Where a line below includes the word "BSHBK", copy that line.

● ● ● ●

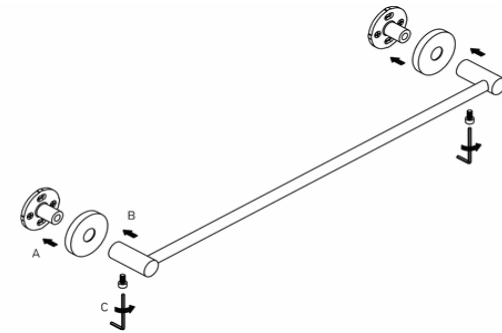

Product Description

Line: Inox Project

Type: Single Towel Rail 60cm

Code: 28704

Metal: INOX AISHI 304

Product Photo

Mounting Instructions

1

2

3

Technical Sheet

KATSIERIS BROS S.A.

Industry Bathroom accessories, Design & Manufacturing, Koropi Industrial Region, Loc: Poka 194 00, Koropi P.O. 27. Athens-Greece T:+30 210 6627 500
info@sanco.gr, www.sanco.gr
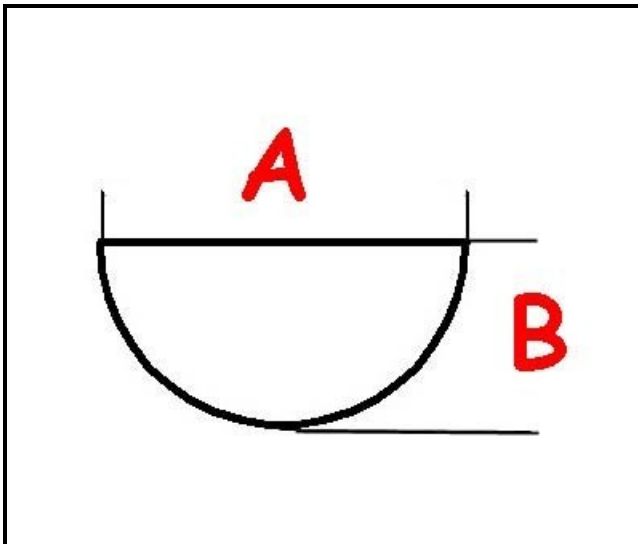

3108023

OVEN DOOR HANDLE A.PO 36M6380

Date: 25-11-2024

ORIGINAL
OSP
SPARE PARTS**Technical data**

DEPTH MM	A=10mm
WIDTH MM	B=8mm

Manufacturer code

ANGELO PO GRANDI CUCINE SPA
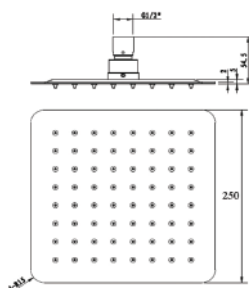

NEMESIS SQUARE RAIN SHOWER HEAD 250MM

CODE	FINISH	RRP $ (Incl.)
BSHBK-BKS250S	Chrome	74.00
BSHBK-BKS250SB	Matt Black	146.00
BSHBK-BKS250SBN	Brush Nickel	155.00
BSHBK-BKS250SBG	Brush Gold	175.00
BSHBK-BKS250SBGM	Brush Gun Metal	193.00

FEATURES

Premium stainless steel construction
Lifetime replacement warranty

● ● ● ●

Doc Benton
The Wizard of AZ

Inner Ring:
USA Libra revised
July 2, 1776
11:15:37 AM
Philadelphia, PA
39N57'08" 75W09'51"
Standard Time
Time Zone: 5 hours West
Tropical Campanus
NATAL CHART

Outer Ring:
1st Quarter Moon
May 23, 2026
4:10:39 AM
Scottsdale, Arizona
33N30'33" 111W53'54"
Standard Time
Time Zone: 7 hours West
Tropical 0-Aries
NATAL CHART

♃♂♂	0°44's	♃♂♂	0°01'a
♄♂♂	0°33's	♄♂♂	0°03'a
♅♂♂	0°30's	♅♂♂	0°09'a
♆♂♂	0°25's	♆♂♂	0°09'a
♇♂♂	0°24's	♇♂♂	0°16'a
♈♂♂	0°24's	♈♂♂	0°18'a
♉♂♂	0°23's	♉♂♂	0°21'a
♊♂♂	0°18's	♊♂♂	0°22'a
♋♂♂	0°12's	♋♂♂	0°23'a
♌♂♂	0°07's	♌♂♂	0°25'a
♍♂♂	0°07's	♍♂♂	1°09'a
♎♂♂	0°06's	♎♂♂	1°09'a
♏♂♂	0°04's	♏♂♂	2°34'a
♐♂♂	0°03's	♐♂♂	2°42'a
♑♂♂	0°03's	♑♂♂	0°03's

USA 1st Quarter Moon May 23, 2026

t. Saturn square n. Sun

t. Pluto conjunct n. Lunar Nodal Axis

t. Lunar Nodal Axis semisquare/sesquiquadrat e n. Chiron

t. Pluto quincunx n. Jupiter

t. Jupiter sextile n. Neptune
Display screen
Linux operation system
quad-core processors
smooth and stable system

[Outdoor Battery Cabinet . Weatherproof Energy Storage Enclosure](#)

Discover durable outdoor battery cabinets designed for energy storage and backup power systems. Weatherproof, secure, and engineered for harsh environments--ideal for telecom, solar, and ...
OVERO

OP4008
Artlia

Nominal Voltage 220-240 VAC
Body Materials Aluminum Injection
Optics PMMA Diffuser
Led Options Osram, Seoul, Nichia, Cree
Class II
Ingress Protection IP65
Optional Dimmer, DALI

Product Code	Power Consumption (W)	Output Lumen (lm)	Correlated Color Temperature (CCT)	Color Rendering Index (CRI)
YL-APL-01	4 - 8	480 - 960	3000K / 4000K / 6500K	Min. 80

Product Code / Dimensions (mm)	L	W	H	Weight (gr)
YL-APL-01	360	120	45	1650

● ● ● ●

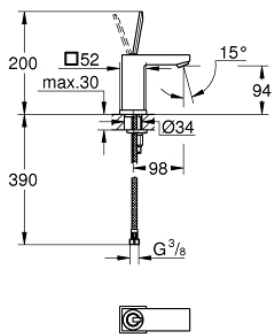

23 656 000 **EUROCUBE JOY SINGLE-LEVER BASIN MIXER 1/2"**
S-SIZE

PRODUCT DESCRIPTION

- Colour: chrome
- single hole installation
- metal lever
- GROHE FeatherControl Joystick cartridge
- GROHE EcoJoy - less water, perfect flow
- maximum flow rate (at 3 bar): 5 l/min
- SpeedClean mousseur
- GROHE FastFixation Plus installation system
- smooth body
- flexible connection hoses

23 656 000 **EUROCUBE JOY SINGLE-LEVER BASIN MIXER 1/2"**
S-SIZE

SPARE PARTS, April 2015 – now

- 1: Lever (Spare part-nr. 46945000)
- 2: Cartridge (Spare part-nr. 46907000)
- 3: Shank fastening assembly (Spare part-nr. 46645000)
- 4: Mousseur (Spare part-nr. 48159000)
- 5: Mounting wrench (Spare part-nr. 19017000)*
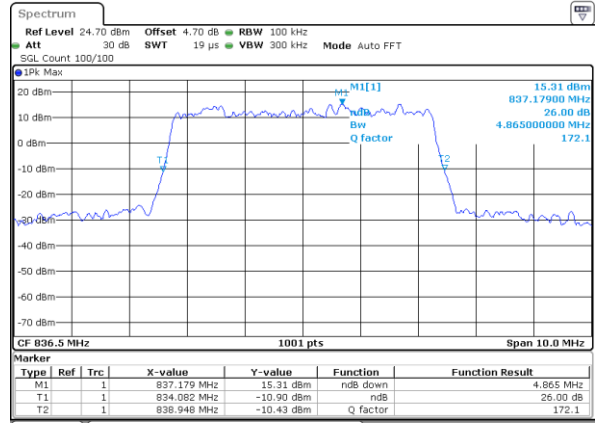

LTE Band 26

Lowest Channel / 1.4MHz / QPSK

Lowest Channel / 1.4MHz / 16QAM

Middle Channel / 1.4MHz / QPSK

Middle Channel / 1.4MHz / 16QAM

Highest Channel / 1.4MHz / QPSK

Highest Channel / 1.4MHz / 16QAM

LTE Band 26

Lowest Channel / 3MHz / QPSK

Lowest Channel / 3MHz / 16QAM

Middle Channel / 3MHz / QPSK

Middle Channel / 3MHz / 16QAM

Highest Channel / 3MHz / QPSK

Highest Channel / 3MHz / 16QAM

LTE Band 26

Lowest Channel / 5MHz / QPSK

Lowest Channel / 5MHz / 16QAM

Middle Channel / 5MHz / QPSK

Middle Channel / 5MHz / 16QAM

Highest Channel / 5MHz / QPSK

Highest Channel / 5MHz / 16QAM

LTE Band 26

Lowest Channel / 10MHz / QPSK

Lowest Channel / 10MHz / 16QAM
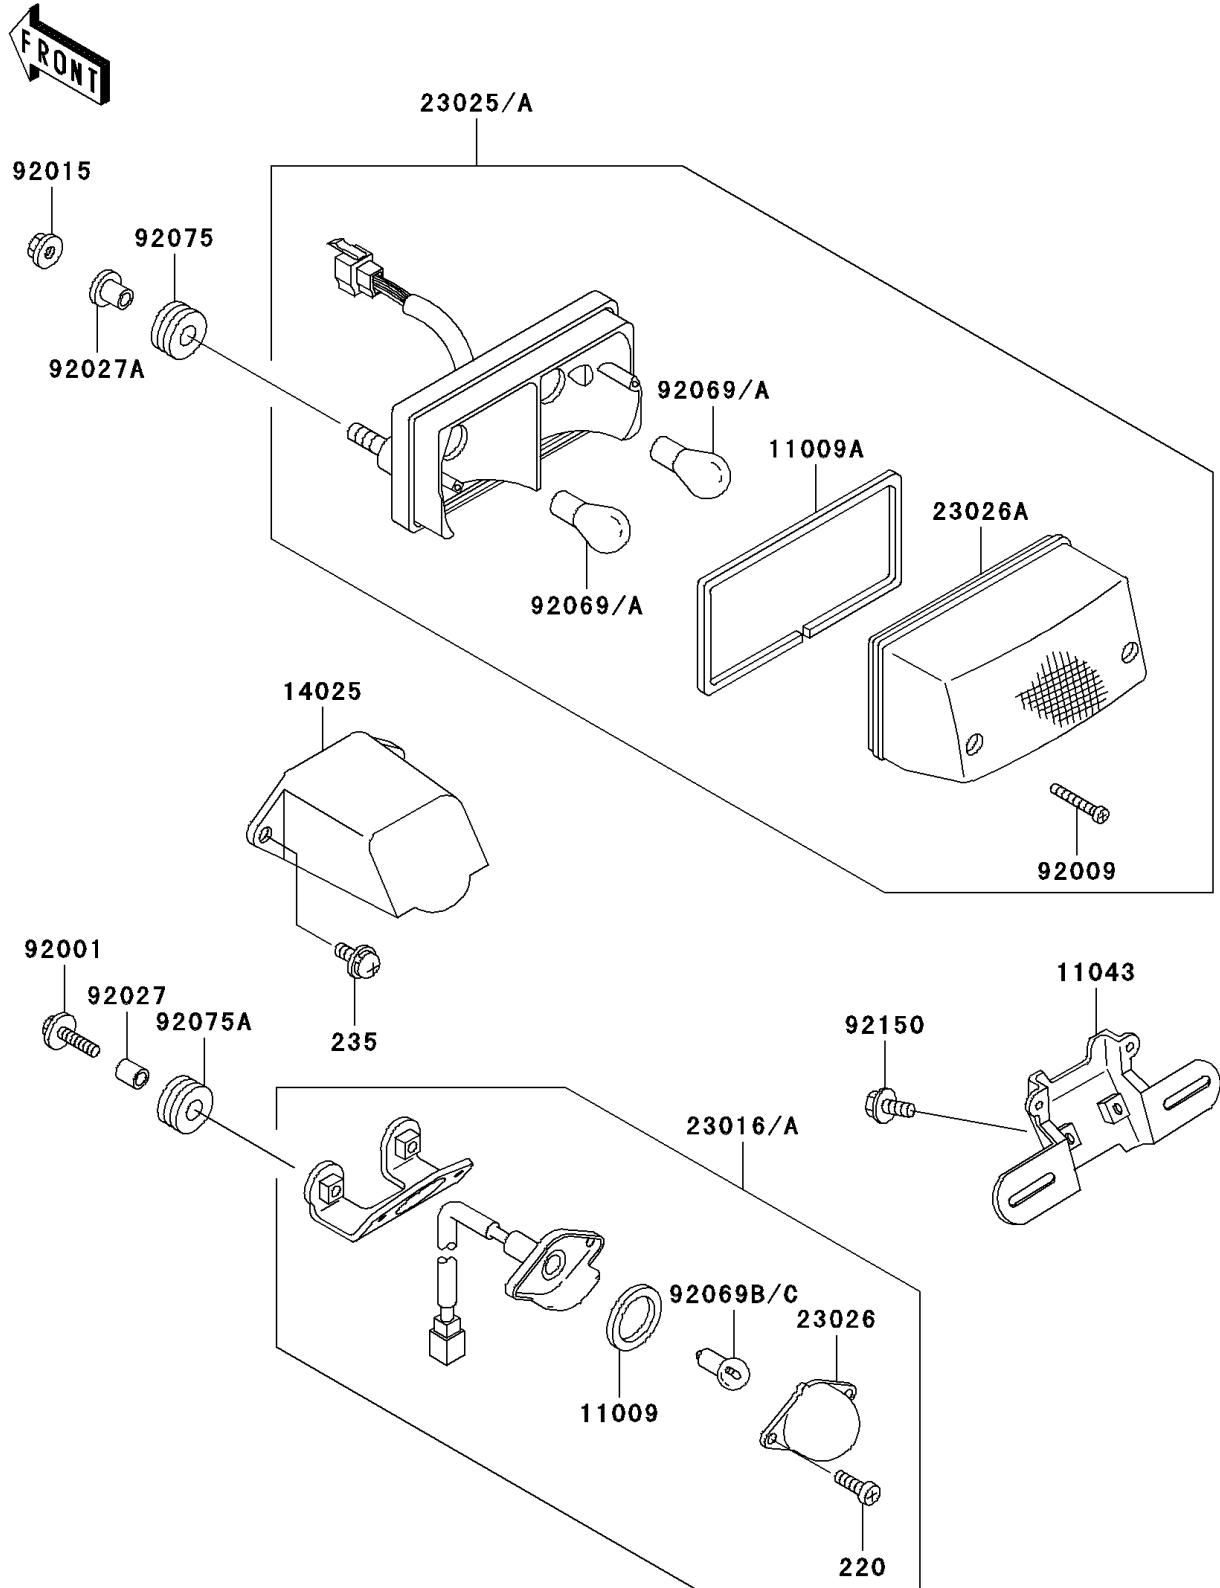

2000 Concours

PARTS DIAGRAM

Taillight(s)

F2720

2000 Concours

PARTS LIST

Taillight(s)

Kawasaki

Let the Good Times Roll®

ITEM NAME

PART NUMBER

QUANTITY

● ● ● ●

§ EXERCISE OUTPUT
BSHBK-BKS250S	Chrome	74.00
BSHBK-BKS250SB	Matt Black	146.00
BSHBK-BKS250SBN	Brush Nickel	155.00
BSHBK-BKS250SBG	Brush Gold	175.00
BSHBK-BKS250SBGM	Brush Gun Metal	193.00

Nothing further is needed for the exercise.